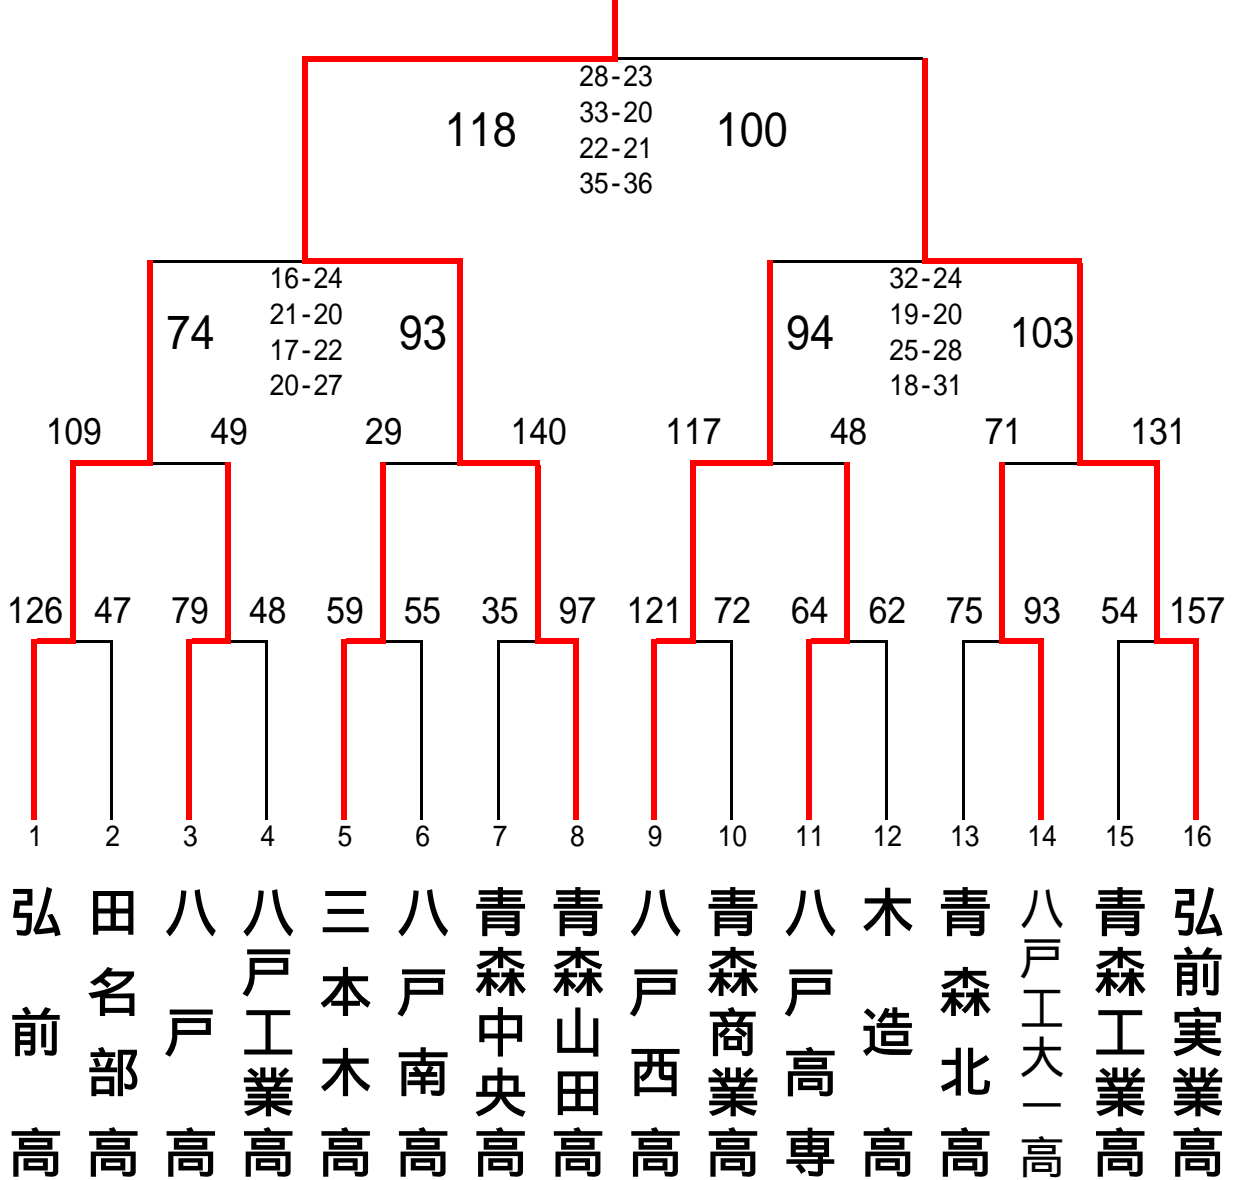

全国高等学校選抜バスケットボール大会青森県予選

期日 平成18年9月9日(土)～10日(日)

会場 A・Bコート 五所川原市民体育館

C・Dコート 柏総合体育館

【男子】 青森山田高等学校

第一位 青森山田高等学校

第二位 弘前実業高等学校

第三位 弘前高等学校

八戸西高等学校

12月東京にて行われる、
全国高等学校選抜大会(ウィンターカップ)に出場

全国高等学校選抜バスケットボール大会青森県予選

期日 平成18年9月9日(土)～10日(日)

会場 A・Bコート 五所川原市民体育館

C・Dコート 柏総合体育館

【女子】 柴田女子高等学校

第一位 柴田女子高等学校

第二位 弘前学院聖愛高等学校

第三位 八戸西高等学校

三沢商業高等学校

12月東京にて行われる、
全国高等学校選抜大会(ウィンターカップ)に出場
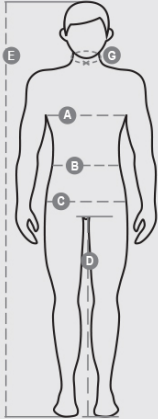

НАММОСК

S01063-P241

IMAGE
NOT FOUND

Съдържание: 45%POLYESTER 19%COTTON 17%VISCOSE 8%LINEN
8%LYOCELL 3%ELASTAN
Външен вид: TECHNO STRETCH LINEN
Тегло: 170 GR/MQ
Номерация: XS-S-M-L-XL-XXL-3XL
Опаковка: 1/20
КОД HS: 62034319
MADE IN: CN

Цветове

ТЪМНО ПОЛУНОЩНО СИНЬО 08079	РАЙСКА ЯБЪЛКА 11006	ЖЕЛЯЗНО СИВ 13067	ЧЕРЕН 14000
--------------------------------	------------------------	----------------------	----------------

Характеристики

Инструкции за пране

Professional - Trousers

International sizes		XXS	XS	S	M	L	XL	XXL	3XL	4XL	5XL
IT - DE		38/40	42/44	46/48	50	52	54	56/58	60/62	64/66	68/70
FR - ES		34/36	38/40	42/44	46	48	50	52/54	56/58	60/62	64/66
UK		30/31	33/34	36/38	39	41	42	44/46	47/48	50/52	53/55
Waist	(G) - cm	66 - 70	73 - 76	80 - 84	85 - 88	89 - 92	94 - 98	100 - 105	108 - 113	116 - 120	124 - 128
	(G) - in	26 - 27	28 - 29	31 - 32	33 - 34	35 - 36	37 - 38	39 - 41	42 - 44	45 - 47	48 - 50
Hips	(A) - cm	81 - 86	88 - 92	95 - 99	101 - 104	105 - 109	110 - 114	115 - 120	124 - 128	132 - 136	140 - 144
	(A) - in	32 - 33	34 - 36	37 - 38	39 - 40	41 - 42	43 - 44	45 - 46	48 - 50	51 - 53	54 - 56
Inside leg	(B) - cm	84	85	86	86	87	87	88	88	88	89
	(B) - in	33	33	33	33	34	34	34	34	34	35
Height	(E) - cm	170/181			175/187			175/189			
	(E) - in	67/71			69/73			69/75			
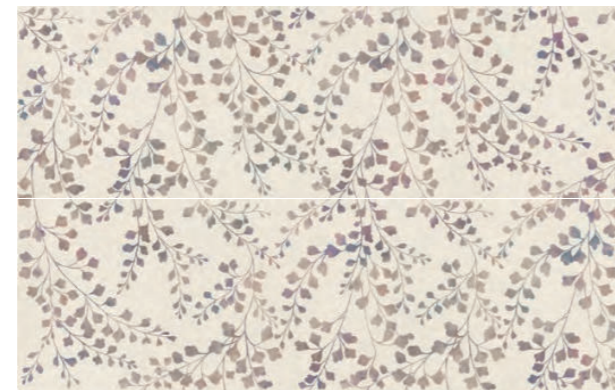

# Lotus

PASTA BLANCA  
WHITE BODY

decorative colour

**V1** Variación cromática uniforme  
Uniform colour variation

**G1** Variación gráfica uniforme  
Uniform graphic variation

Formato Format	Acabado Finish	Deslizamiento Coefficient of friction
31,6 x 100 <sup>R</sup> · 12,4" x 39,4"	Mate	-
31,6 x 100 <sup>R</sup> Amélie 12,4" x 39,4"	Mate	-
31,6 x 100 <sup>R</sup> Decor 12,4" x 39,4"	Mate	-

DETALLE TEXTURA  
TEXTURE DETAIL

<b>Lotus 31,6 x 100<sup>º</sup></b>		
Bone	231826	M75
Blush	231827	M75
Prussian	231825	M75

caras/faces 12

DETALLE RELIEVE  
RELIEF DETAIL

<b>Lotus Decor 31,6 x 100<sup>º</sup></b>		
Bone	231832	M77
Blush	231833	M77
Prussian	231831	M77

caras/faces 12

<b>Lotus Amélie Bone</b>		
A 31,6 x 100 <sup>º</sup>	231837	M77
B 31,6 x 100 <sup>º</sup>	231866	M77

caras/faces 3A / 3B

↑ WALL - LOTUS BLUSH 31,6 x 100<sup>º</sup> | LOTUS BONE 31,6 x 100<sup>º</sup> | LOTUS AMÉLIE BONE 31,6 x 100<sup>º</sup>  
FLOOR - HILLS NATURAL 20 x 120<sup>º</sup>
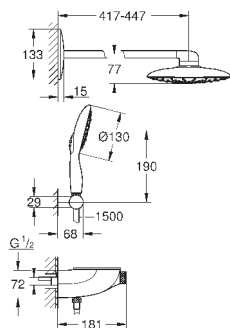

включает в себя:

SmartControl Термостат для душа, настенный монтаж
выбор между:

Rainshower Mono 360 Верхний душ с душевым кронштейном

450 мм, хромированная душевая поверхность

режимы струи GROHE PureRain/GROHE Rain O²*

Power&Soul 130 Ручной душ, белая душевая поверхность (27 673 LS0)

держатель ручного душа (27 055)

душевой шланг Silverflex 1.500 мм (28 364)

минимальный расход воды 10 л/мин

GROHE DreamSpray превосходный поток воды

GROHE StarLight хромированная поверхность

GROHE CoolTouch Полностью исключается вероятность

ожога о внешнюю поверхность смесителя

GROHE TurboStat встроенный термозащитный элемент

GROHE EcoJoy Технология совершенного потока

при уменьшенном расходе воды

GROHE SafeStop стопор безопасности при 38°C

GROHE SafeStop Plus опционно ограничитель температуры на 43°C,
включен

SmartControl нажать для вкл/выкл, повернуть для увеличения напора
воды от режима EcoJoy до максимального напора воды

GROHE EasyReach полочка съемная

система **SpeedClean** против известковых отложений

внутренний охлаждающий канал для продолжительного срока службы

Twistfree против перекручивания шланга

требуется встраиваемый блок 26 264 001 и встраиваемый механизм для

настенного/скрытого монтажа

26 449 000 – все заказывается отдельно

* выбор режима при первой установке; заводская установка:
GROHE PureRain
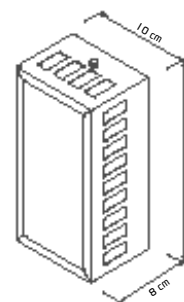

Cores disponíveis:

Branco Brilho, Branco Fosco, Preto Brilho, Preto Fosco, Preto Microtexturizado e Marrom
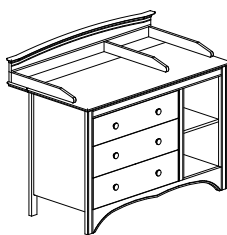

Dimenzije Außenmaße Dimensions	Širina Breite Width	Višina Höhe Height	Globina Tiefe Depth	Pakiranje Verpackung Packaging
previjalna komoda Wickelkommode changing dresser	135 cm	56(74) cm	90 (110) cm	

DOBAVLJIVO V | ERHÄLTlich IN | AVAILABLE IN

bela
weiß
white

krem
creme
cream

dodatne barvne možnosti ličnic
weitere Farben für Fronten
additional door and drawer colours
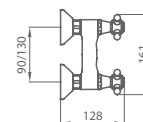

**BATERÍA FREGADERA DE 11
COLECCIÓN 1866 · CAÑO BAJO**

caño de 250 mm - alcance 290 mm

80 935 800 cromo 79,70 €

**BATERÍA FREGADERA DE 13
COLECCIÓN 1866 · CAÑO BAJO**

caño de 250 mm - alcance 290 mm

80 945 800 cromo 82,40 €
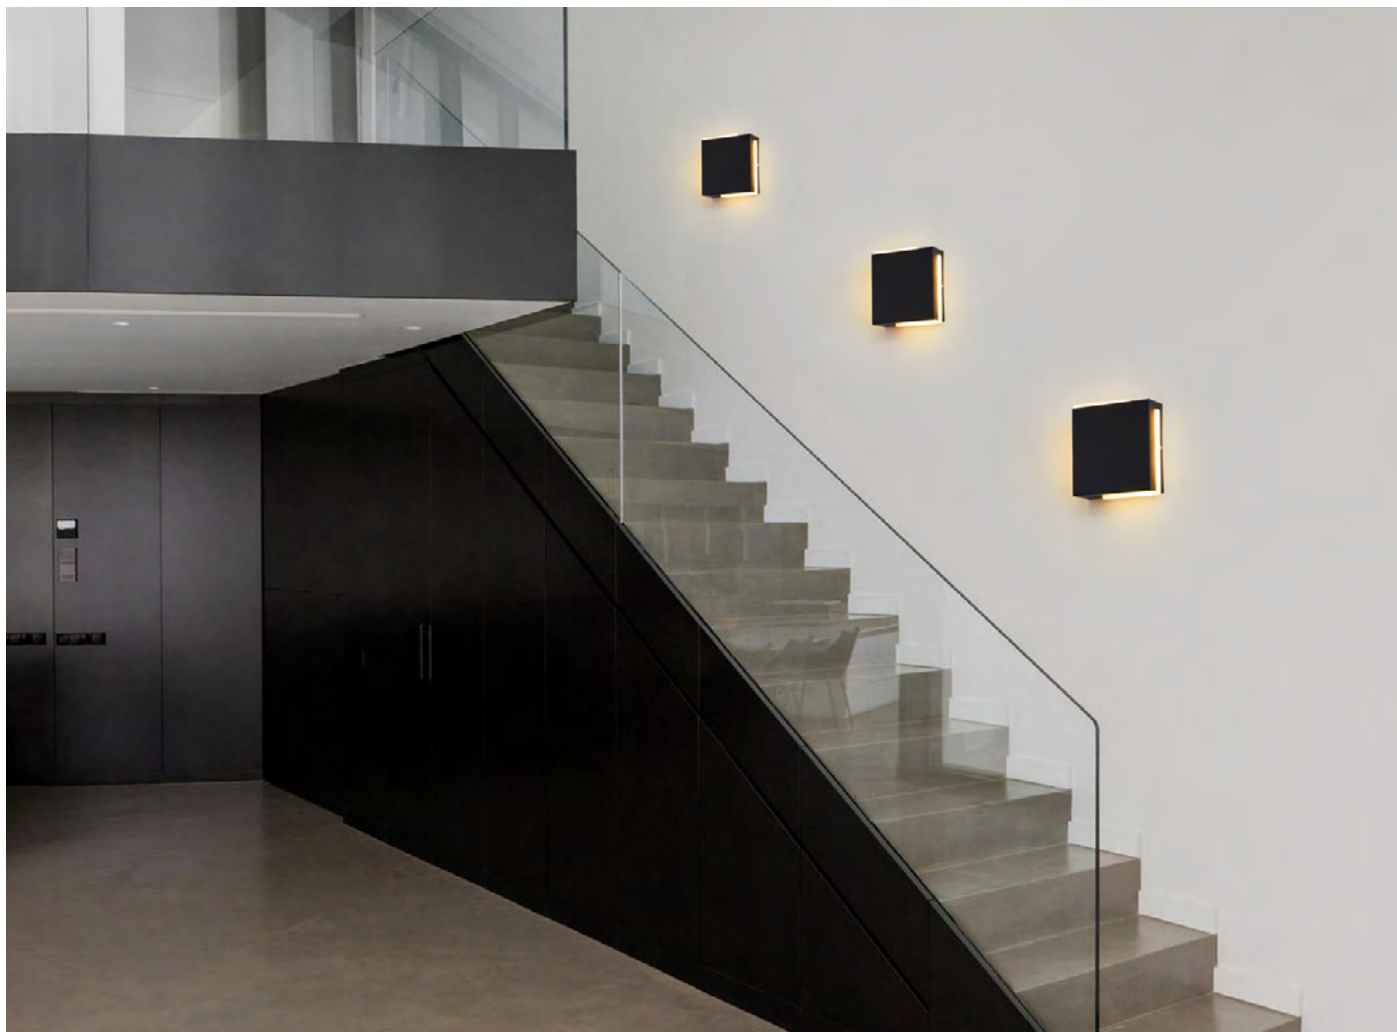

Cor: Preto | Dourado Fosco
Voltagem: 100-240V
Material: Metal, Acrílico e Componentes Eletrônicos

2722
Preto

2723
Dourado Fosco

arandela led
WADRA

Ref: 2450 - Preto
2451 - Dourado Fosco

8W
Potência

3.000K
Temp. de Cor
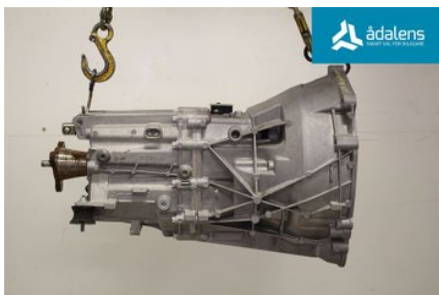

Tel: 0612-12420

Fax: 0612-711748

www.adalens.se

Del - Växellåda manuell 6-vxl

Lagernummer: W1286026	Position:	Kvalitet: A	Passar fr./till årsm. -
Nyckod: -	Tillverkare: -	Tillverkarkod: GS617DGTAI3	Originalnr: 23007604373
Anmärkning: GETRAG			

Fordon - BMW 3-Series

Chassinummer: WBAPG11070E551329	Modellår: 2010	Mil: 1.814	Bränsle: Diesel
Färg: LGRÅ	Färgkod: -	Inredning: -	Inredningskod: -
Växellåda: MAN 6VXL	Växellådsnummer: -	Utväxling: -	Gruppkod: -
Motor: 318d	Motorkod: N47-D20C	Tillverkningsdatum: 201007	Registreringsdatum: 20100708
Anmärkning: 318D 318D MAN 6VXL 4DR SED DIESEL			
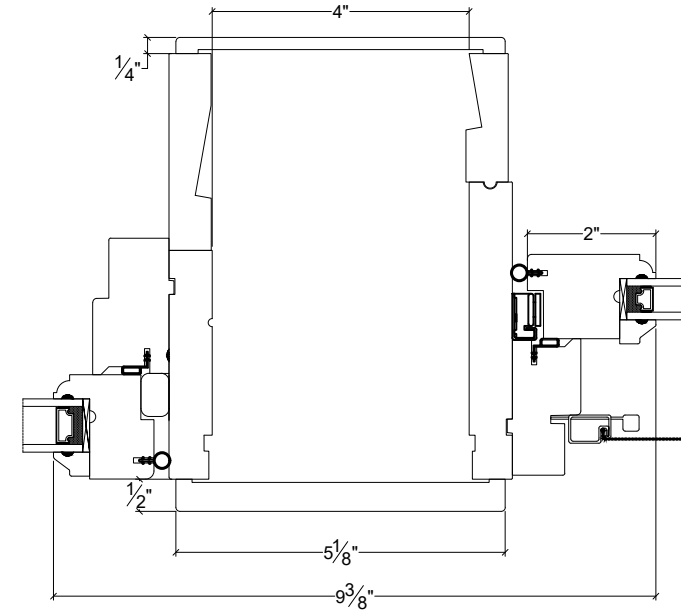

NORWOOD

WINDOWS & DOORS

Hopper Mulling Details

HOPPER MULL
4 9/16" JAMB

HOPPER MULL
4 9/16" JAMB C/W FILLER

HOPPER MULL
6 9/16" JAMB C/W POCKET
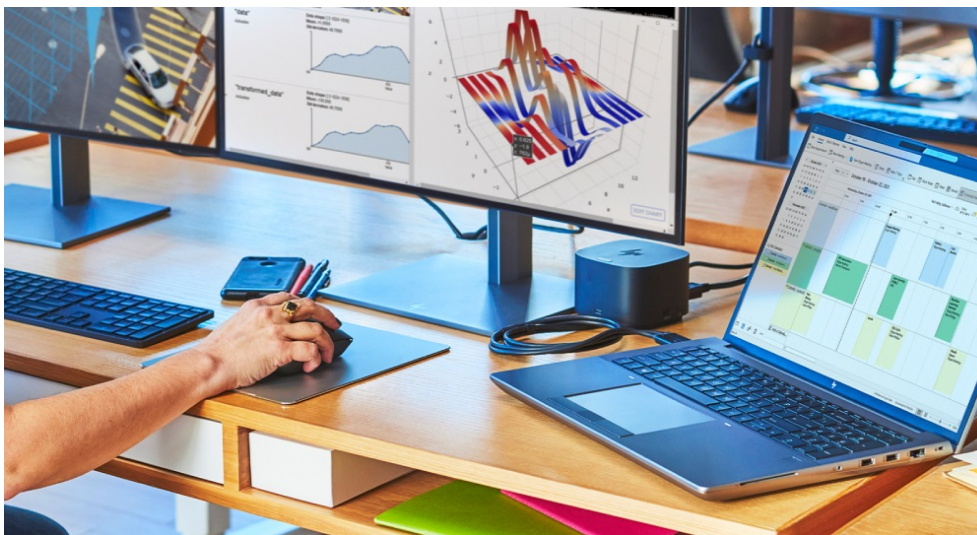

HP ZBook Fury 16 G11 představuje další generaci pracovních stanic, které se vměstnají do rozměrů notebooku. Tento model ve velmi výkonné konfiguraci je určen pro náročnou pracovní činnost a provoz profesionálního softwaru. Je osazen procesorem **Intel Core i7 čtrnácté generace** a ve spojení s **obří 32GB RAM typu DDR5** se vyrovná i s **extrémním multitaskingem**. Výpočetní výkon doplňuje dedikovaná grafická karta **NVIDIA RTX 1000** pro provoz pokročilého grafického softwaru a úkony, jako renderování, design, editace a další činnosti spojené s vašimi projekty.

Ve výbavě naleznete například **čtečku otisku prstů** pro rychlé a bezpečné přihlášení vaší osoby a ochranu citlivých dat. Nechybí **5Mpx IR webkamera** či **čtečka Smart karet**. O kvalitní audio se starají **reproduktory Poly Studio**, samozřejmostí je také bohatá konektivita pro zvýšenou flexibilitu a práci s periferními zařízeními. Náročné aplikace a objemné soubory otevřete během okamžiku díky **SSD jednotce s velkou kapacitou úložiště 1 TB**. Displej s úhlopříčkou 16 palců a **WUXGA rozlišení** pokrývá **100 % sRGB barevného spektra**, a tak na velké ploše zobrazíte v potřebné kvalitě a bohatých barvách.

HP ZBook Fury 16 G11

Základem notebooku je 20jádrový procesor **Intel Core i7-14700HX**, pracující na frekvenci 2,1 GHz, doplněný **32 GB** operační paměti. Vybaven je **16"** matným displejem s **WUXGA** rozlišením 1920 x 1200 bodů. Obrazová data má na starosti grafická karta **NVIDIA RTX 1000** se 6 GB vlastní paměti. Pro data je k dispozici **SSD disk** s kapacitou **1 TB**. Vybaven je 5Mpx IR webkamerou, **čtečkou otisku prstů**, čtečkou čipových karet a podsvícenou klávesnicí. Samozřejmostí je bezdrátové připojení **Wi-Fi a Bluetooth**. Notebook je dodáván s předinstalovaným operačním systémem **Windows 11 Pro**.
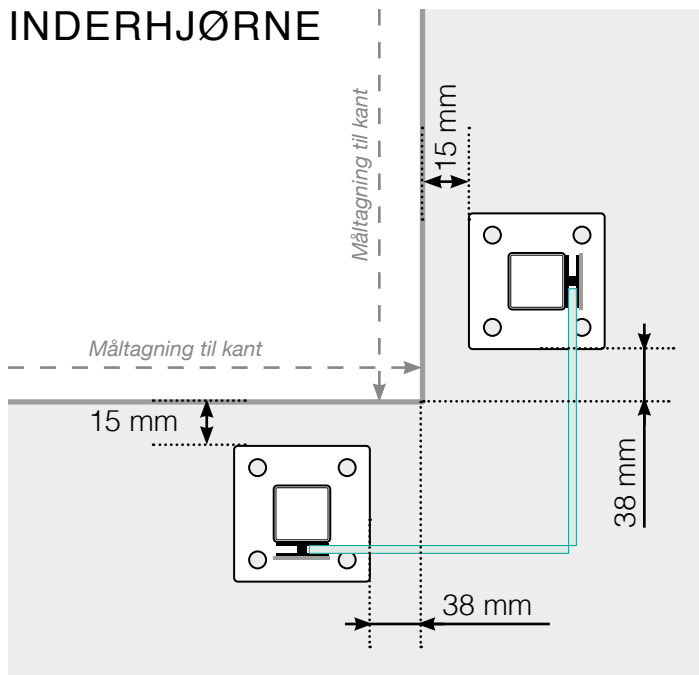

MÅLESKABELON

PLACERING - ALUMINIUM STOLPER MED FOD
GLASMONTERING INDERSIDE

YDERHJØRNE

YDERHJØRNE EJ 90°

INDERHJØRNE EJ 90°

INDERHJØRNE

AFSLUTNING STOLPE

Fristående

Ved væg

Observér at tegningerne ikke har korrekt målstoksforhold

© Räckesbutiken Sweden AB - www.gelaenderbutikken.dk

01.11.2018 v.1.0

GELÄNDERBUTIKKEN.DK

#####

> Task description
Above are the records; report each line in them that includes the word "Variación".

> Response to this exercise
**V1** Variación cromática uniforme  
**G1** Variación gráfica uniforme  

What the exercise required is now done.